Instructions for the task: Go through the data below and return each line where the string "Espace" occurs.

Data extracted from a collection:
○ ○ ○ ○

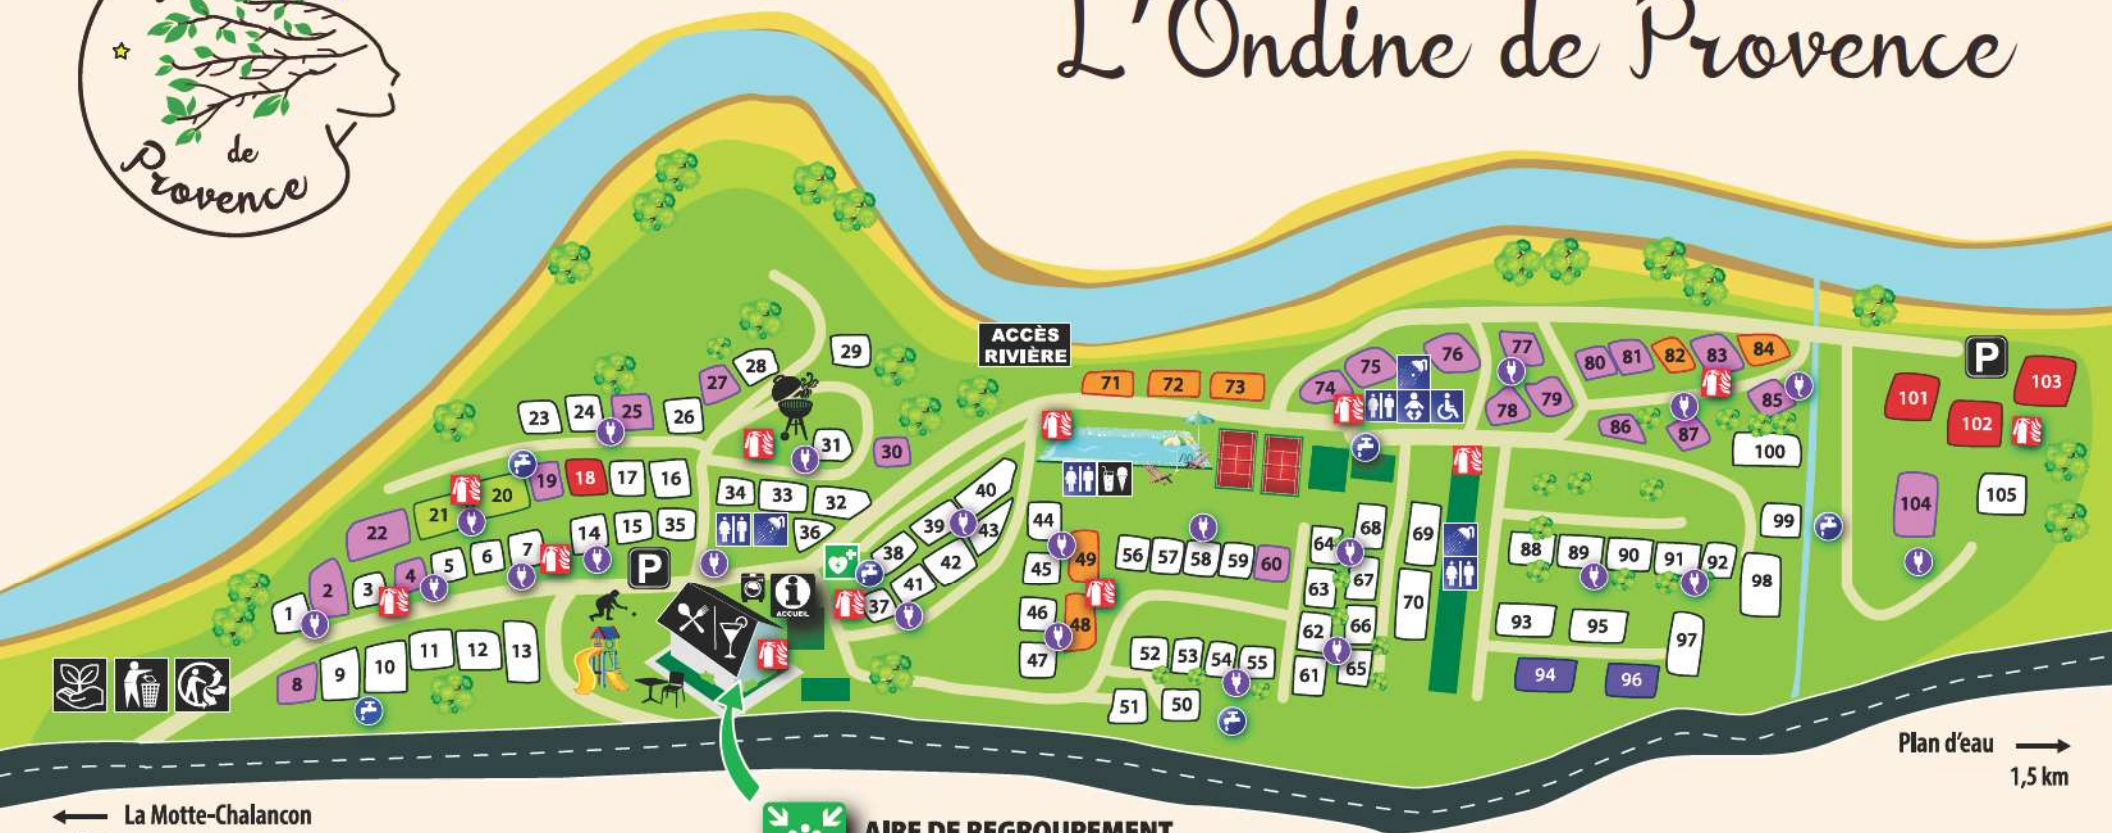

Bienvenue au camping

L'Ondine de Provence

← La Motte-Chalancon
1 km

Plan d'eau →
1,5 km

 **AIRE DE REGROUPEMENT**
(Restaurant)

-  Tente lodge
-  Résidents
-  Mobil-home
-  Cabane sur pilotis
-  Petit chalet
-  Espace privé

-  Parking
-  Réception
-  Point de rassemblement
-  Extincteur
-  Point d'eau
-  Borne électricité 5A

-  Toilettes
-  Douches
-  Sanitaire PMR
-  Espace Famille
-  Espace déchets
-  Machines à laver

-  Bar / Restaurant
-  Glaces / Boissons
-  Barbecue collectif
-  Terrain de pétanque
-  Jeux enfants
-  Défibrillateur

○ ○ ○ ○

Problem solution:
-  Espace privé
-  Espace Famille
-  Espace déchets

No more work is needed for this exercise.